Provided information:
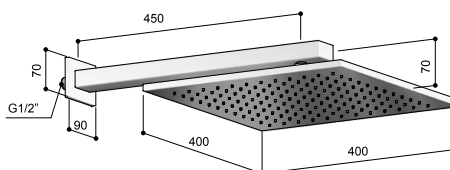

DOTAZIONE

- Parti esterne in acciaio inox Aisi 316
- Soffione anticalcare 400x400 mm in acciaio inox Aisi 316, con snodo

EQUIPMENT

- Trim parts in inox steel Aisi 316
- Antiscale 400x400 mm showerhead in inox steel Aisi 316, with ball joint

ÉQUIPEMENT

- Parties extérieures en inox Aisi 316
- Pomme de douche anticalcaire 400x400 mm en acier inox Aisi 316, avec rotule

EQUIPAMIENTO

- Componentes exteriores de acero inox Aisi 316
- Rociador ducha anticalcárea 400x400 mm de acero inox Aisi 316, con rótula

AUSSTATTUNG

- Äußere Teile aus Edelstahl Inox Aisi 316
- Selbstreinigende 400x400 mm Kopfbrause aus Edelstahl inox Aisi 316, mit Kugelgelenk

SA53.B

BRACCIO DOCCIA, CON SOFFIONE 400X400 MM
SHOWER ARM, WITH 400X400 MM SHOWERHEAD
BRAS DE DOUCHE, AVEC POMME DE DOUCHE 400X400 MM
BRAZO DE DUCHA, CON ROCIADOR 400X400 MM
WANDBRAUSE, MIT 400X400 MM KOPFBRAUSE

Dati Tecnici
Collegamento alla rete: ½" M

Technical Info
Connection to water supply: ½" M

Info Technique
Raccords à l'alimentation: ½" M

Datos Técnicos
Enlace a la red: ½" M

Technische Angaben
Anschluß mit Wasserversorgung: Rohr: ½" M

==

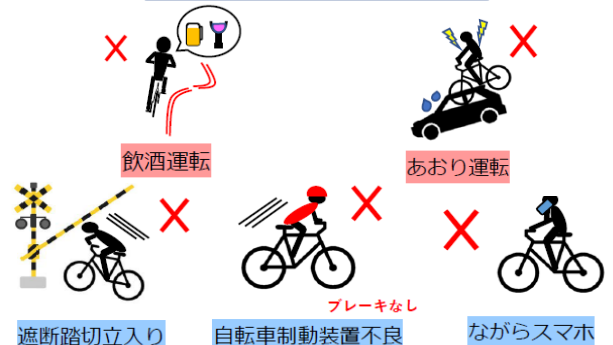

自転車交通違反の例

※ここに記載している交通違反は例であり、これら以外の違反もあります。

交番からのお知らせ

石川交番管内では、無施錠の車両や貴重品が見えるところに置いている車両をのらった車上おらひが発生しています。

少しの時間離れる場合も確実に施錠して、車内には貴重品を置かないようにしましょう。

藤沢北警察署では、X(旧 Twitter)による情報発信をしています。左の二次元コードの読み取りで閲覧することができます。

---

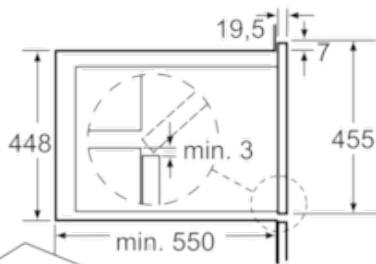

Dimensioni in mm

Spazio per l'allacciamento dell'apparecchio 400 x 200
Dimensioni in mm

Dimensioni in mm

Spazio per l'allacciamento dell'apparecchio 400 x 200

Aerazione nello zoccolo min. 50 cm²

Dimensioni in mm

How to complete this task:
Reproduce exactly the entries above, limited to the lines from the one with "- Pomme de douche" through the one with "Datos Técnicos", both included.

Output:
- Pomme de douche anticalcaire 400x400 mm en acier inox Aisi 316, avec rotule

EQUIPAMIENTO

- Componentes exteriores de acero inox Aisi 316
- Rociador ducha anticalcárea 400x400 mm de acero inox Aisi 316, con rótula

AUSSTATTUNG

- Äußere Teile aus Edelstahl Inox Aisi 316
- Selbstreinigende 400x400 mm Kopfbrause aus Edelstahl inox Aisi 316, mit Kugelgelenk

SA53.B

BRACCIO DOCCIA, CON SOFFIONE 400X400 MM
SHOWER ARM, WITH 400X400 MM SHOWERHEAD
BRAS DE DOUCHE, AVEC POMME DE DOUCHE 400X400 MM
BRAZO DE DUCHA, CON ROCIADOR 400X400 MM
WANDBRAUSE, MIT 400X400 MM KOPFBRAUSE

Dati Tecnici
Collegamento alla rete: ½" M

Technical Info
Connection to water supply: ½" M

Info Technique
Raccords à l'alimentation: ½" M

Datos Técnicos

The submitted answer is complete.